Aqui, Cohen e Dupas não encontraram nenhuma evidência consistente de que pagar um preço quase nulo em um mosquiteiro deixou as famílias menos propensas a usá-los. Mais importante: os pesquisadores descobriram que o aumento do preço da oferta a partir de zero para US $ 0,75 (ou de um subsídio de 100% para 87,5%) diminuiu de aceitação do produto em 75%.
Os dados sugerem que o aumento dos preços abaixou a procura entre mulheres saudáveis e doentes. As mulheres grávidas que não compraram os mosquiteiros não estavam mais doentes no momento da compra do que mulheres no outro grupo de comparação.
O que está por trás da diferença em como preços mais altos afeta o uso nesses estudos não é clara. Há diferenças notáveis, incluindo variações no desenho do estudo (ao contrário do estudo do Quênia, o Clorin não foi oferecido gratuitamente no estudo Zâmbia, por exemplo), bem como diferenças nos tipos de produtos que estão sendo distribuídos e os contextos país.

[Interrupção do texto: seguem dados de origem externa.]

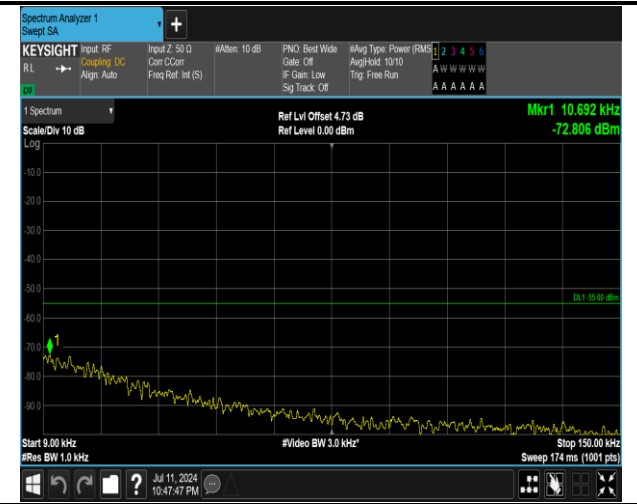

7-7-15MHz-20MHz-16QAM-16QAM-21003-21174-1RB#0-0RB#0-2000~27000MHz-PASS

7-7-15MHz-20MHz-16QAM-16QAM-21003-21174-1RB#0-1RB#99-0.009~0.15MHz-PASS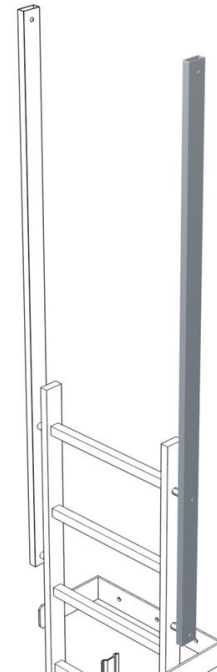

Ausstiegsholm, gerade - 43243

Produktbeschreibung

- Abmessung Holm: 60 x 25 mm.
- Gesamtlänge: 1.770 mm.
- Nutzlänge: 1.380 mm.
- Preis pro Holm.

Hinweise und Besonderheiten

Standardmäßig werden pro Ein-/Ausstieg zwei Holme/
Geländer benötigt. Preise unten pro Holm/Geländer.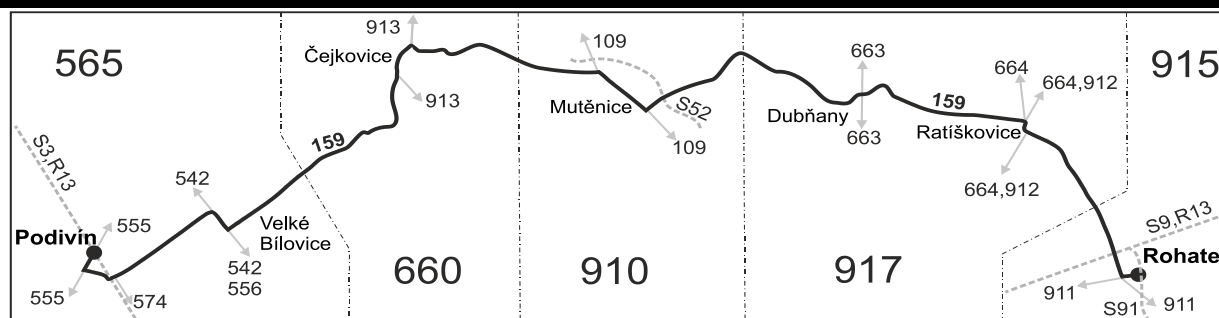

Vysvětlivky:

⇒ spoje navazující na linku 159

(z) zastávka celodenně na znamení

} spoj jede po jiné trase

× jede v pracovních dnech

56 nejede od 3.7. do 1.9.

Vzhledem ke stavebnímu stavu zastávek nelze garantovat bezbariérový nástup do a výstup z vozidla na všech zastávkách.

Šťastnou cestu s IDS JMK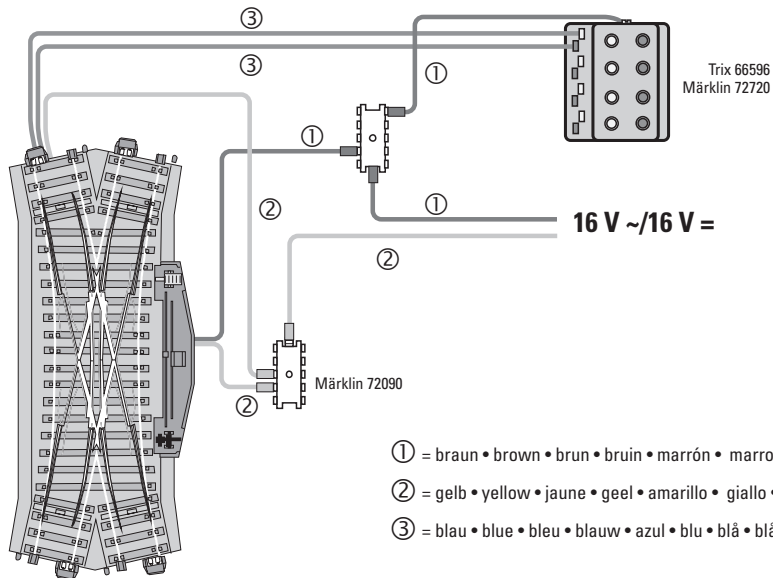

Konventioneller Betrieb: Anschluss mit Stellpult • Conventional operation: Connection to a control box

Exploitation conventionnelle: connexion au pupitre de commande • Traditioneel bedrijf: Aansluiting met seinschakelaar

Funcionamiento convencional: Conexión con cuadro de mando • Funzionamento tradizionale: Collegamento con il quadro di comando

Konventionell drift: Anslutning med ställpult • Konventionel drift: Tilslutning med kontrolpult

Mas os estudos convergem em uma área: não há fortes indícios de que pagar um preço mais elevado induz a uma maior utilização. Embora possa ser tentador supor que os itens fornecidos gratuitamente serão sub-valorizados, estes estudos demonstram a importância de questionar esse pressuposto, particularmente para estes itens de primeira necessidade.
Outras pesquisas em diferentes contextos mostram ser necessário explicar as diferenças e compreender melhor o leque de situações em que a partilha dos custos trazem desvantagens. Para avançar neste objetivo, os programas que atualmente utilizam uma abordagem de partilha de custos para o fornecimento de produtos de saúde devem considerar sistemas de pilotagem de distribuição gratuita.
*Kerry J Brennan e Daniel S Tello são associados do projeto Innovations for Poverty Action. Emails: [email protected] e [email protected]
1 Ashraf, James Berry and Jesse M Shapiro, ‘Can Higher Prices Stimulate Product Use?’ American Economic Review.
2. Cohen and Pascaline Dupas, ‘Free Distribution or Cost-Sharing? Evidence from a Randomized Malaria Prevention Experiment’, Quarterly Journal of Economics, no prelo.